Uncovering My New Homestead’s Old Secrets

Reader Contribution by Michelle Wire And Homegrown.Org
Published on June 16, 2014

We’ve learned so much in such a short time on our new land. Pretty quickly I caught on that knotty pine is not as fashionable as it was 50 years ago—and that it requires numerous coats of paint to cover. Whoever created wallpaper deserves a good flogging. And a fox’s “vixen scream” may be the most haunting sound to scare a 16-year-old girl since The Conjuring was released in the movies. I’ve also learned that families sometimes pass down love in the form of a home. If you listen carefully, a house has a story. Some people will argue that a space holds memory and time, but I say home is where the heart is.

Somewhere around one week after moving in, I began to pull everything out of my new kitchen. Wallpaper removal was involved and, folks, things got ugly. Cover-your-ears ugly, with lots of bad words tossed about. But the kitchen was what mattered to me. In my 16 years as a mom, cooking has been one of the best and most personal ways I’ve shown my kids that I love them. Every night they have a home-cooked meal from locally grown ingredients­—sometimes from our own yard. If nothing else, it’s warm, it smells good, and it makes them happy. And that makes me happy.

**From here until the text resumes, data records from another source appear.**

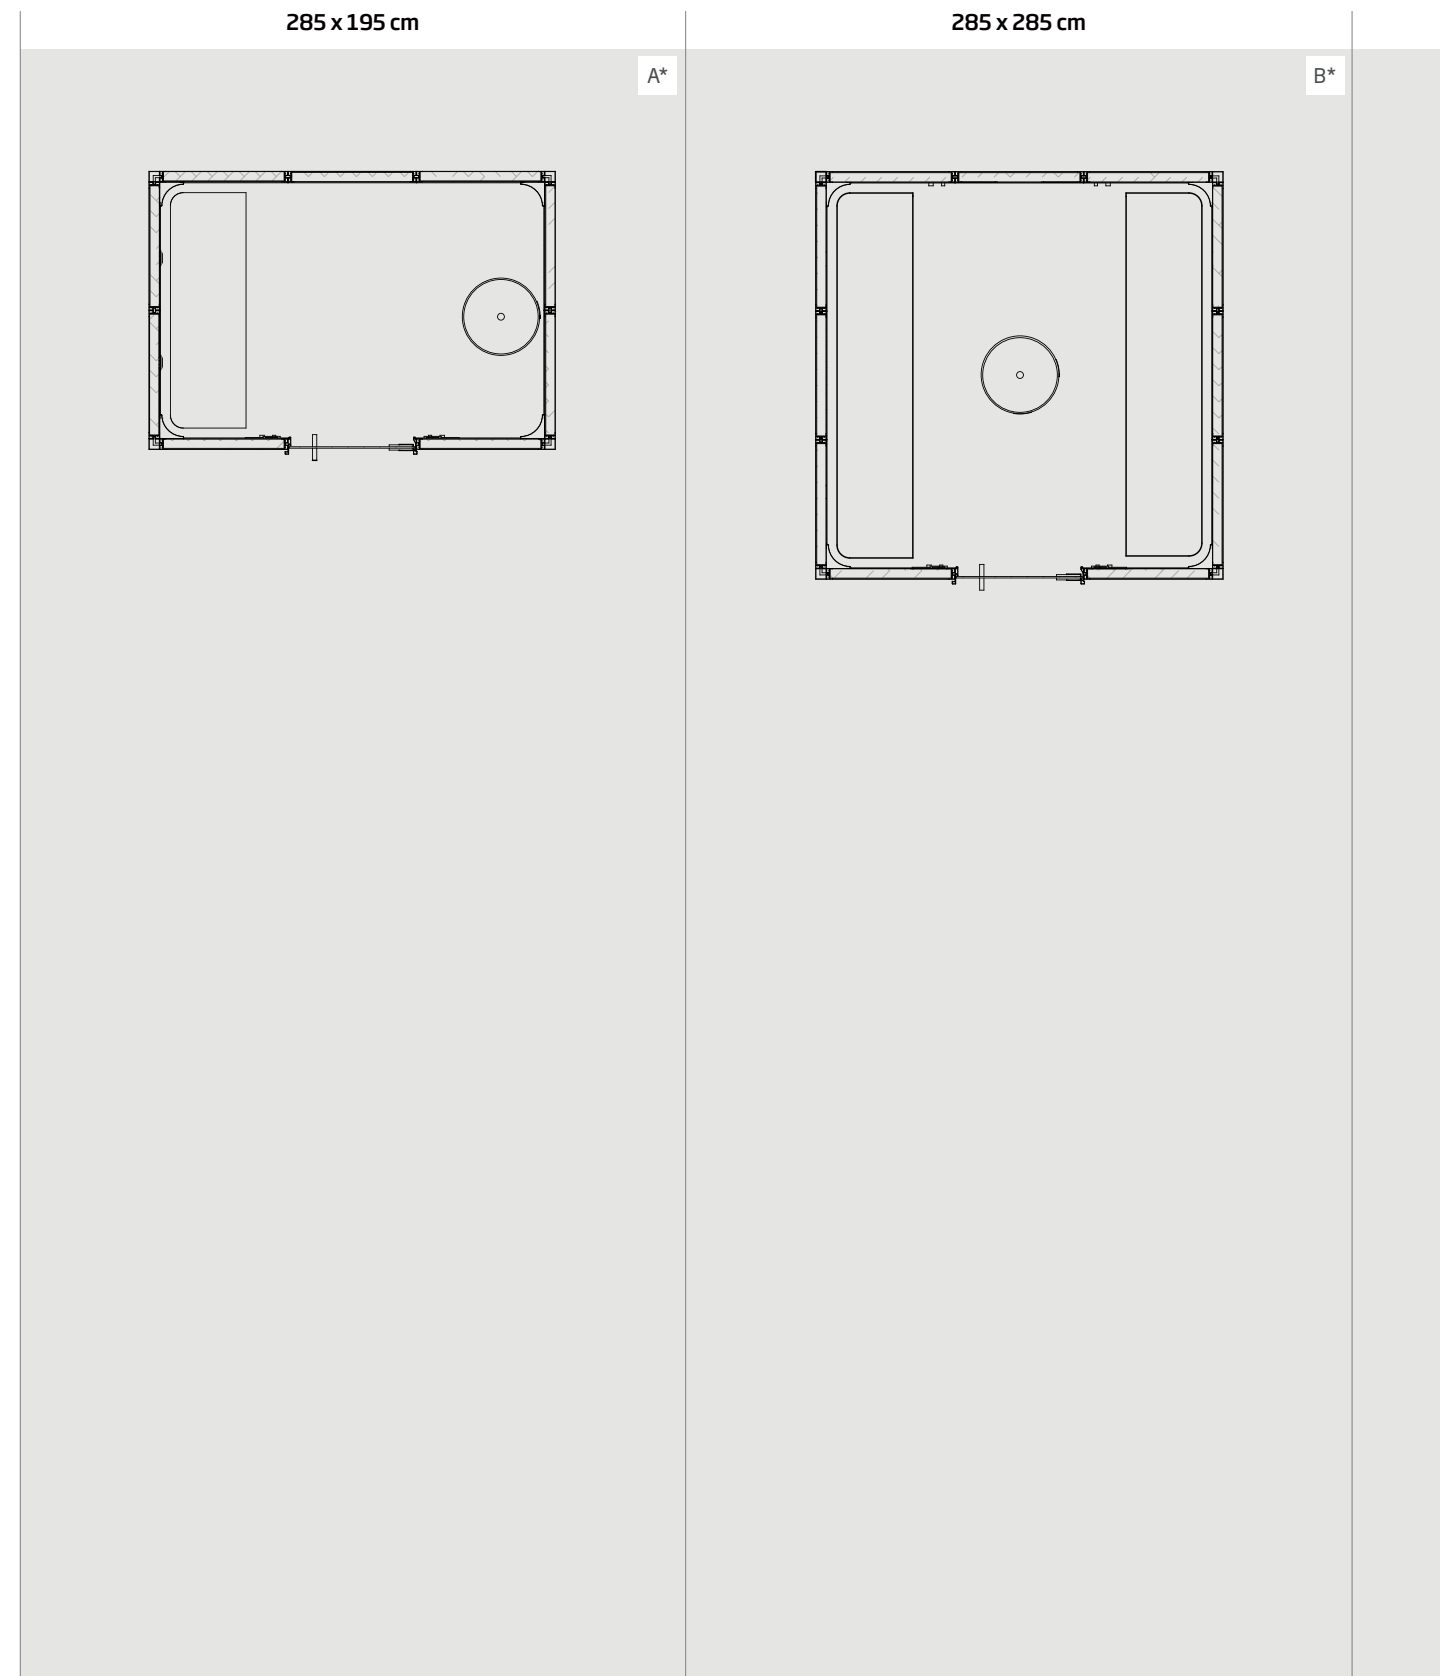

LAYOUT

GlamourIcePro

(*) All layouts shown are also available in the Vision version. The direction of door opening is determined at the moment of purchase.

HOW TO FIND STARPOOL

Starpool Headquarters

Starpool s.r.l.
Ziano di Fiemme
Via Stazione, 25
38030 Trento
T +39 0462 571881
info@starpool.com

Starpool Austria

Grabenweg, 68 - Soho 2.0
60020 Innsbruck - A
T T +43 512 341189
austria@starpool.com

Starpool Middle East

DWC Business Center
PO - box 712384 - Dubai UAE
T. +971 506029969
emirates@starpool.com

Starpool Asia Pte Ltd

Singapore 1 Kaki Bukit Road, 1, #02-14
Enterprise One 415934
T +65 68423166
singapore@starpool.com

Showrooms

Almaty
Astana
Bruxelles
Innsbruck
Kuala Lumpur
Lisboa
Madrid
Milan
Minsk
Moscow
Munich
Singapore
Zagreb
Zurich

MORE THAN **3.000 PROJECTS** IN THE WORLD
MORE THAN **500 RESIDENCES** FURNISHED
WITH **STARPOOL PRODUCTS**

FOLLOW US

[in](#) /Starpool [ig](#) /starpool.official [f](#) /StarpoolOfficial [p](#) /Starpool

starpool.com

Starpool, Wellness Concept, Sweet, Mediterranean Bath, Rivestimento Milano, Rivestimento Cortina, Relax, Excite, Purify sono marchi di proprietà Starpool s.r.l. registrati in paesi dell'Unione Europea e nel mondo.

SweetProMed, SweetProSauna, SweetProSteam, SweetSpa, SweetSauna50, SweetSense, SweetSauna90, SweetSpa Eramosa, SpaTable, sono brevetti, modelli o domande di brevetto di Starpool s.r.l. in paesi dell'Unione Europea e del mondo. Starpool® si riserva il diritto di modifiche ai prodotti e alla documentazione senza obbligo di preavviso alcuno per un continuo processo di sviluppo e miglioramento del prodotto.

Concept: Starpool • Graphic design: Creativamente (PD) • Revision 2019: Davide Giudici
Art director/copywriter: Marketing Starpool • Photos: Germano Borrelli - Damiano Nava - Gaia Panozzo
Photorealistic render: Nudesign Studio • Printed by: Litografia Editrice Saturnia (TN)
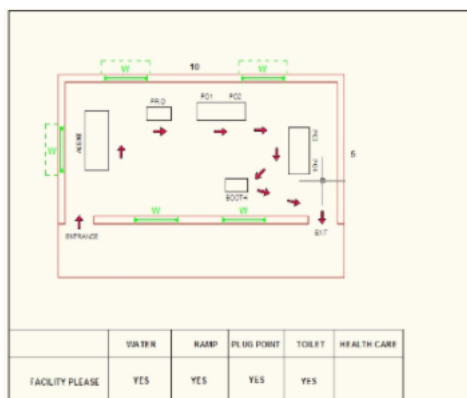

Nazri Naksha

Google Map View

Polling Station Building Front View

Polling Station Front View

Cad View

Key MAP View
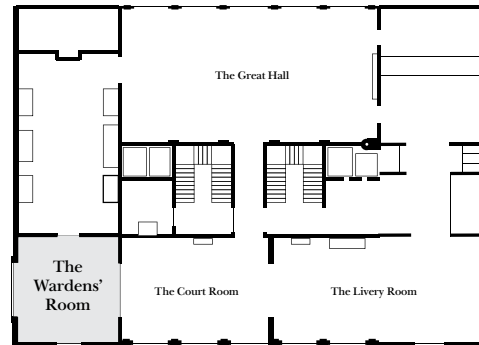

THE WORSHIPFUL COMPANY OF SADDLERS

The Wardens' Room

Seating

For a meeting: up to 8

Size: 5m x 5.5m

Rectangle (seats 8)
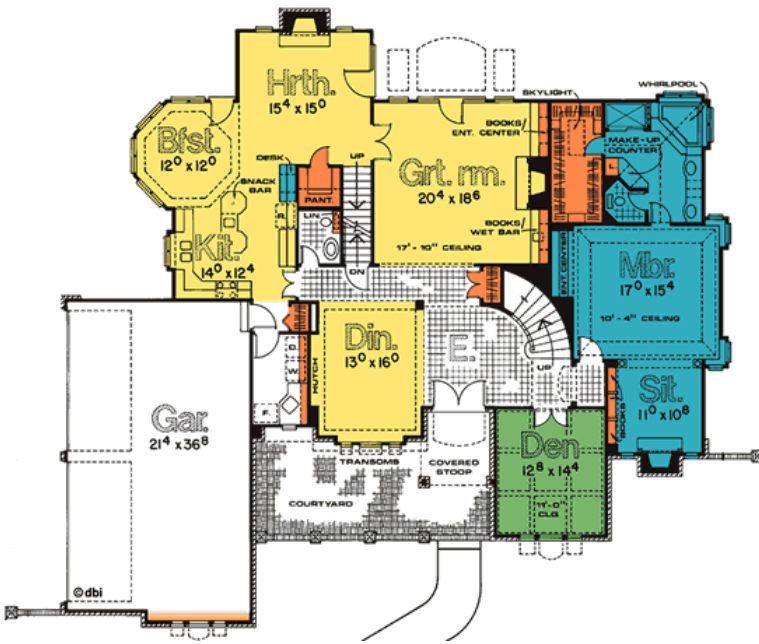

2411-Menards

2603' Main Level, 1020' Upper Level
3623' Total Finished Square Feet

1 1/2 Story with 4 bedroom(s)
Footprint: 76' 8" wide by 68' 0" deep
Design Type: European

PDF Price \$1030 || 1 Set Price \$1030
4 Set Price \$1105 || 8 Set Price \$1225
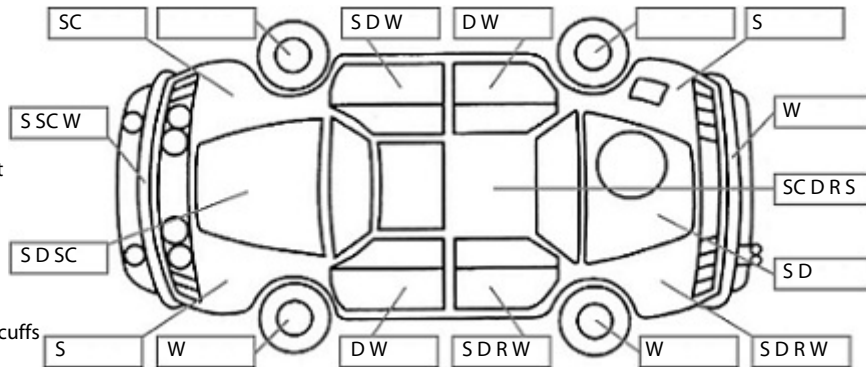

Key:

- S = scratch
- D = dent
- R = rust
- PT = paint defect
- C = crack
- P = pin dent
- * = decals
- SC = stone chips
- W = significant scuffs

Body Inspection Comments

Note: some defects & blemishes may not be displayed in the diagram

Windscreen stone chips
 Roof dents with rust.
 Scrape on left rear door with rust.

Conditions During Body Inspection: Dry

Under Carriage & Under Bonnet Inspection Comments

Rear wheel drive

Interior Comments

Kitchen Secrets From a New Homestead

Back to the kitchen demo: I took off all of the cabinet doors and pulled out all of the drawers in preparation for painting the knotty pine a bright white. When I pulled open the last drawer, it was full of boxes. The house had been meticulously emptied and cleaned, so this drawer surprised me. I opened the aged containers to find recipes inside. Some were clippings; others bore the pretty handwritten scroll of the house’s previous owner, Marion. I felt like I was spying on someone, looking into the past and seeing her preparing this food out of love for her husband and kids. It was a striking reminder of what I was in danger of forgetting while cussing at wallpaper and schlepping boxes: Even covered in construction dust, I am creating a legacy.

As the days go by, I often find myself revisiting that box of recipes or opening the pantry door where all of the heights of the house’s former child residents are marked, along with their corresponding dates. I stroll through the garden and silently thank Marion for leaving me a yard that offers up more beauty every day, including gorgeous peonies. I think she must have known that I have never ever been able to raise those, even though they’re my favorite flower! All of these signs of a family’s love remind me that I am a matriarch, the glue holding the family together and an important part of a loving legacy. Although I am a worker bee in the corporate world, my true calling is creating a home and a life full of as many joys as possible for myself and my loved ones.